The State Arsenal, originally the Providence Marine Corps of Artillery Arsenal, and commonly called the Benefit Street Arsenal is a historic armory building located at 176 Benefit Street in the College Hill neighborhood of Providence, Rhode Island.  It was built in 1829, was designed by Russell Warren in the Gothic Revival style, and was built by Tallman & Bucklin.

The building was added to the National Register of Historic Places in 1970.

History
The arsenal was designed in 1839 by Russell Warren and built by Tallman & Bucklin, all of Providence.

In the 19th century the arsenal was used as the armory of the Providence Marine Corps of Artillery (PMCA) and associated artillery units in the Rhode Island Militia and was used as the mobilization site for 10 batteries of light artillery which were raised in Rhode Island during the American Civil War. In addition to the PMCA the arsenal was used by a number of organizations including the Grand Army of the Republic, Sons of Union Veterans of the Civil War and United Spanish War Veterans.

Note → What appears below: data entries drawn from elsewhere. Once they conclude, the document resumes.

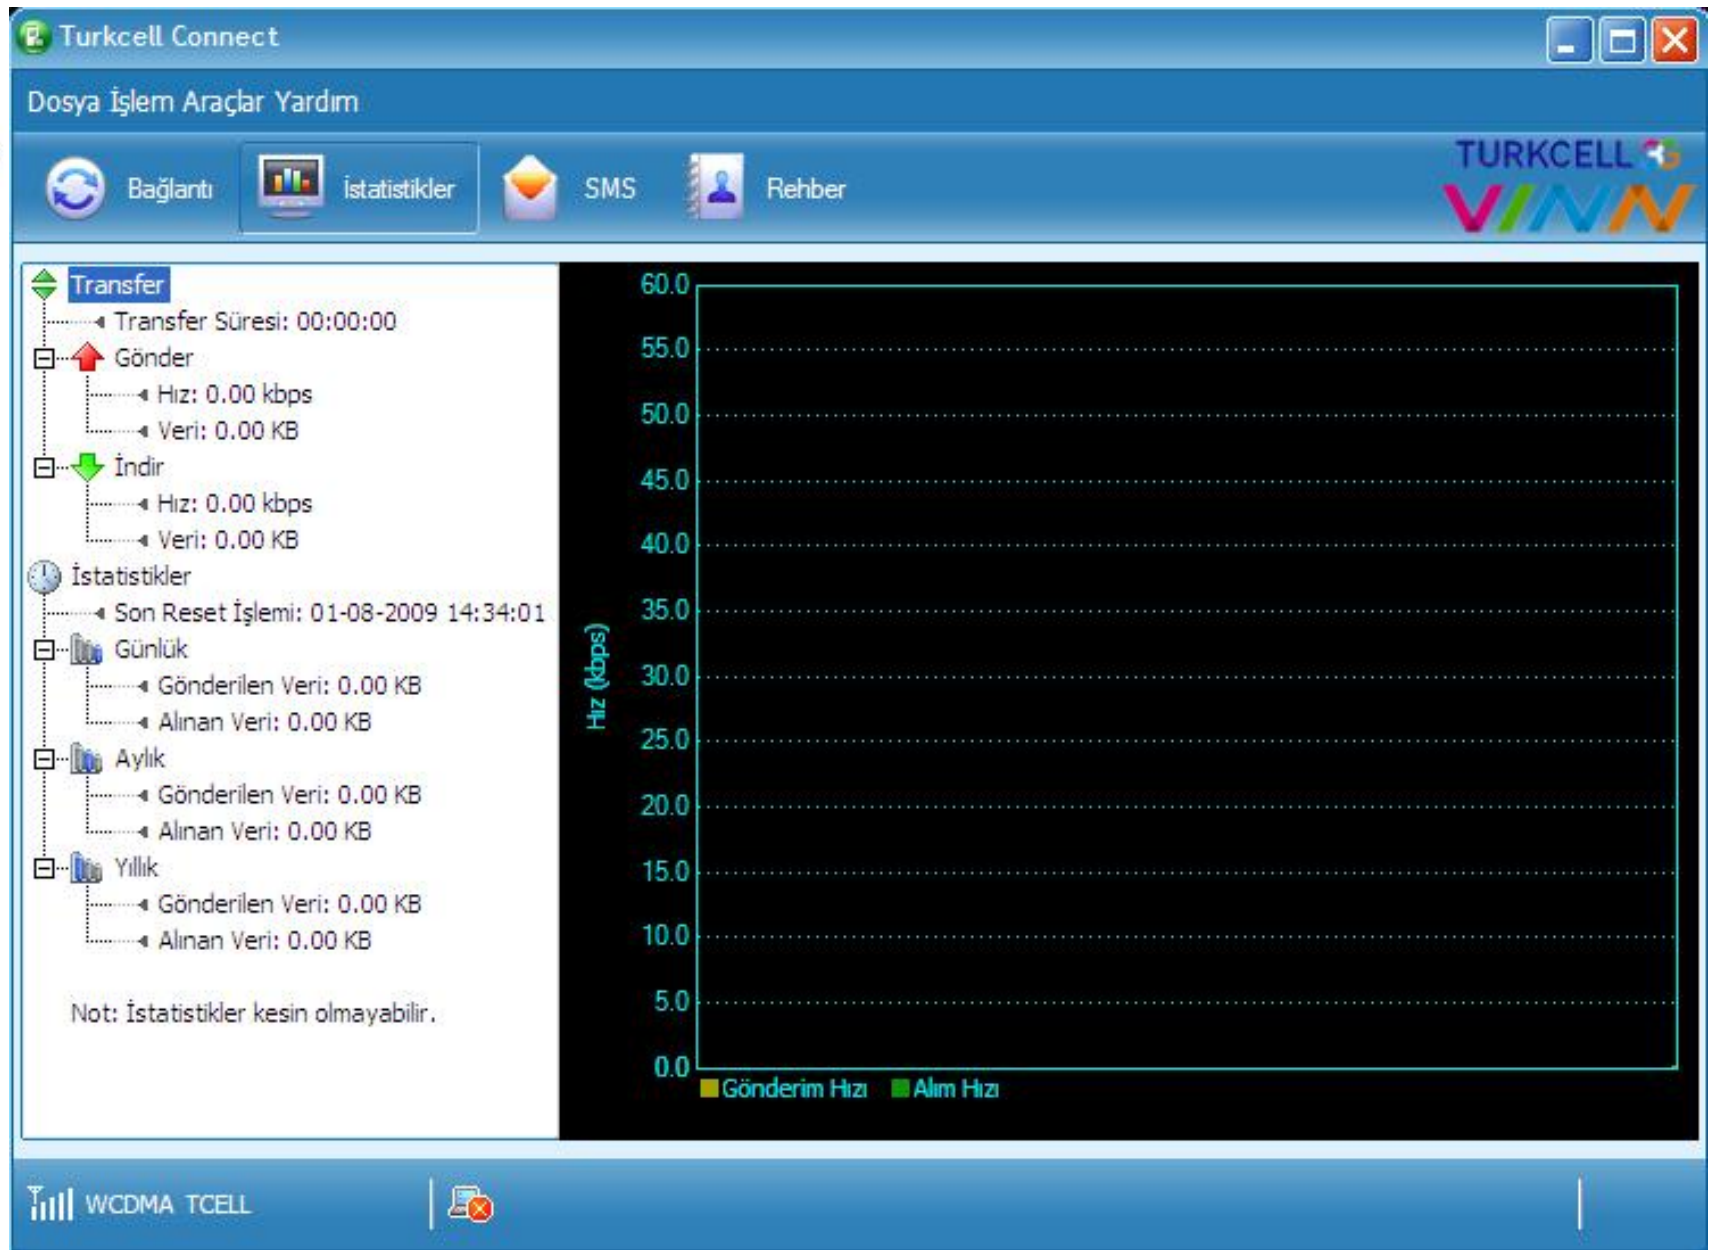

Turkcell Connect

Dosya İşlem Araçlar Yardım

Bağla

Seçenekler

Genel  
SMS Mesajı  
Profil Yönetimi  
Şebeke

Çevirmeli Bağlantı

Profil İsmi  
Turkcell 3G

APN  
 Dinamik  Statik  
APN: mgb
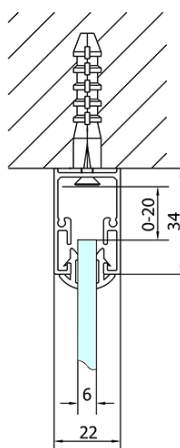

**EASY sprchový kout tri steny 900-1000x900mm,
pivot dvere L/P varianta, Brick sklo**

Objednací kód: EL1738EL3338EL3338

Základné informácie

Značka: Polysan

Séria: EASY

Rozmery

Šírka: 900 mm

Výška: 1900 mm

Hĺbka: 900 mm

Vlastnosti

Farba profilu: Chróm

Tvar: Trojstenné

Typ otvárania: Otváracie jednokrídlové

Smer otvárania: Univerzálne

Šírka vstupu: 560 mm

Typ výplne: BRICK sklo

Hrúbka skla: 6 mm

Vlastnosti: Rámové prevedenie

Hmotnosť / ks: 88.0 kg

Balenie: 5 ks

Záruka: 2 roky

Technický list

	B
EL3138	680-700
EL3238	780-800
EL3338	880-900
EL3438	980-1000

	A	C	D	E
EL1638	775-915	204	120	500
EL1738	895-1035	264	120	560

The building originally sat one lot south of its current location, where its parking lot is today, but was moved in 1906 when a railroad tunnel was built under that site.

In April 1920, the Rhode Island General Assembly earmarked $3,800 for the purpose of repairing the arsenal.

On May 17, 1924, the Ku Klux Klan held an illegal meeting at the arsenal which attracted about 200 men. Governor William S. Flynn denounced the KKK and forbade the group from meeting on state property.

The building was added to the National Register of Historic Places on April 28, 1970.

In the 1980s the arsenal was in use by the Rhode Island National Guard's Education, Historical and Equal Opportunity offices.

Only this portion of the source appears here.